Should the stack be missing or not enough space left to hold a full
context, the irp$v_onstack flag is cleared (if present) and the curcsp
field is left alone (if present). Another structure is allocated in pool
to store context and linked to a queue maintained by the intercept (or
a hash block is allocated and used) and the context is stored there.
This hash block or queue element must have the IRP address so that the
correct one can be found at post processing time. The context block must
also have the prior state of the flags so that when postprocessing is done
on the IRP, the flags can be reset. That way, if the stack overflowed, the
old flags will indicate that the next context down is on the IRP context
stack.

At post processing when the context information must be restored to
post process the IRP in the correct device context, the context
location is determined as it is when the information is to be stored
and is reloaded into the IRP prior to completing its posting. If an
auxiliary structure was allocated, it must be freed at post processing
time too, once its data is reloaded. 

With the new code being added to allow post processing to be handled at
IPL 8 by intercepts, this gives a low overhead way to process I/O
interception and add new processing without much change to any
drivers. 

Any code that produces old style IRPs will find that they also work, and
are not interfered with by this logic.

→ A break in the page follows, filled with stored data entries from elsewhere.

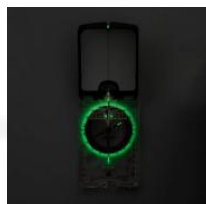

Description

Suunto MC-2 NH Sighting Compass with Mirror

The **Suunto MC-2 NH** is a high-precision mirror compass designed for mountain adventures and professional use. Engineered with adjustable declination, a sighting mirror, and luminescent markings, this compass delivers accurate direction and slope measurements in challenging conditions.

Main Features

- **Balanced for Northern Hemisphere:** Optimized needle design for accurate readings in the northern hemisphere.
- **High-Grade Steel Needle & Jewel Bearing:** Ensures smooth rotation and quick settling.
- **Mirror for Sighting & Signaling:** A flip-up mirror with a sighting hole for pinpoint accuracy; doubles as an emergency signal mirror.
- **Clinometer:** Allows measurement of slope angles (especially useful in mountainous terrain).
- **Adjustable Declination:** Fine-tune for the difference between magnetic and true north.
- **Luminescent Markings:** Ideal for low-light or night navigation.
- **Metric UTM & Inch Scales:** Includes cm, 1:25,000 km UTM, 1:50,000 km
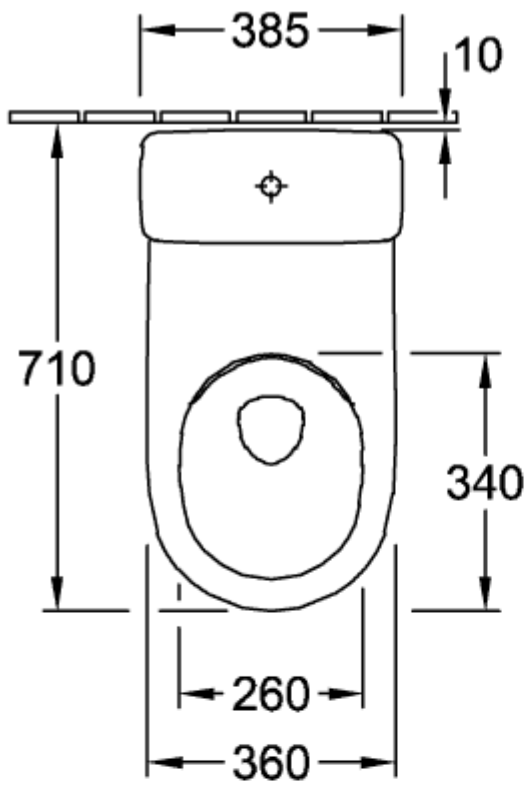

O.NOVO CISTERN

PRODUCT INFORMATION

| | |
|---------------------------|---|
| Article title | Villeroy & Boch O.novo Cistern, water inlet from the sides, reversible, White Alpin |
| Article number | 57602101 |
| Scope of delivery | 1 x cistern , 1 x fastening set |
| Depth in mm | 165 |
| Width in mm | 385 |
| Height in mm | 360 |
| Collection | O.novo |
| Material | Sanitary ceramics |
| Colour name | White Alpin |
| Other material | Push button: ABS Flushing mechanism: Plastic |
| Other surfaces | Push button: chrome, glossy, Flushing mechanism: glossy |
| Colour designation | White Alpin |
| Other colour designations | Push button: Chrome, Flushing mechanism: White Alpin |

TECHNICAL DRAWINGS

57602101

57602101

57602101

57602101

57602101

57602101

57602101
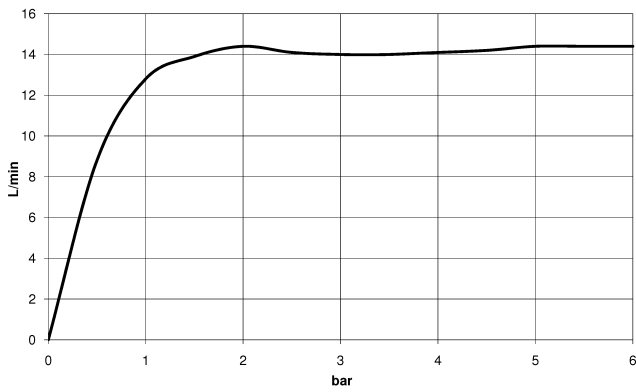

Rain shower with wall fixing 220 mm - Matte Black

TARA

28 649 970

- 450mm projection
- rain shower Ø 220 mm
- PURE RAIN, max. flow rate 14 l/min (at 3 bar)
- Function from: 7 l/min
- rosette Ø 60 mm
- 1/2" connection
- with anti-scale system
- quick clearing
- WRAS 2212012

Recommended miscellaneous

- Concealed wall elbow -** 35 085 970 90
- max. recess depth 163 mm
 - min. recess depth 90 mm

28 649 970

mm [inches]

Flow rate chart

Codes & Standards

DIN 4109

EN 1112

Any cloned or copied IRPs will
work as before with the "auxiliary structure" path of this logic. Most
IRPs will however be able to use the IRP itself, with a few tess added
which involve no PALcode calls. Only code that corrupts the IRP header
could get into trouble, and that is a tiny risk due to a basically
broken coding practice anyway.

Conclusion:

This scheme is low in risk, and provides significant performance and
orderliness benefits to future I/O level intercepts including those
wanted by EDO. It will not break existing drivers or code, but will
allow new intercepts to run faster than otherwise possible and will
avoid need in the future for yet more dedicated IRP cells.